Physical characteristics
- Source: Rapp Creek, Beaver Creek
- • coordinates: 40°28′51.3″N 75°08′47.9″W﻿ / ﻿40.480917°N 75.146639°W
- • elevation: 240 feet (73 m)
- • coordinates: 40°29′08″N 75°4′4″W﻿ / ﻿40.48556°N 75.06778°W
- • elevation: 100 feet (30 m)
- Length: 6.44 miles (10.36 km)

Basin features
- River system: Delaware River
- Landmarks: Van Sant Airport
- Bridges: Geigel Hill Road, Sheep Hole Road, Sheep Hole Road, Headquarters Road, Municipal Road, Cafferty Road, Pennsylvania Route 32 (River Road)
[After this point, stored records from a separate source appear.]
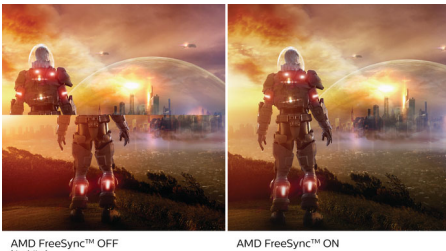

Immersive visuals

- VA display delivers awesome images with wide viewing angles
- 16:9 Full HD display for crisp, detailed images
- SmartContrast for rich black details

The gaming advantage is yours

- AMD FreeSync™ Premium; tear free, stutter free, fluid gaming
- 144 Hz refresh rates for ultra-smooth, brilliant images
- 1 ms (MPRT) fast response for crisp images and smooth gameplay
- SmartImage game mode optimised for gamers
- Ultra Wide-Color wider range of colours for a vivid picture

242E1GAJ/01

Highlights

VA display

The Philips VA LED display uses an advanced multi-domain vertical alignment technology that gives you super-high static contrast ratios for extra-vivid and bright images. While standard office applications are handled with ease, it is especially suitable for photos, web browsing, films, gaming and demanding graphical applications. Its optimised pixel management technology gives you a 178/178 degree extra-wide viewing angle, resulting in crisp images.

AMD FreeSync™ Premium

Gaming shouldn't be a choice between choppy gameplay or broken frames. AMD FreeSync™ Premium equips serious gamers with a fluid, tear-free gameplay experience at peak performance. There are no compromises, game confidently with a high refresh rate, low framerate compensation and low latency.

National Wild and Scenic Rivers System

= Tinicum Creek =

Tinicum Creek is a tributary of the Delaware River in Tinicum Township, Bucks County, Pennsylvania. It flows for 6.40 mi from the confluence of its branches, Beaver Creek and Rapp Creek, before entering the river across from Marshall Island. Tinicum Creek and its two branches are part of the federally-designated Lower Delaware National Wild and Scenic River.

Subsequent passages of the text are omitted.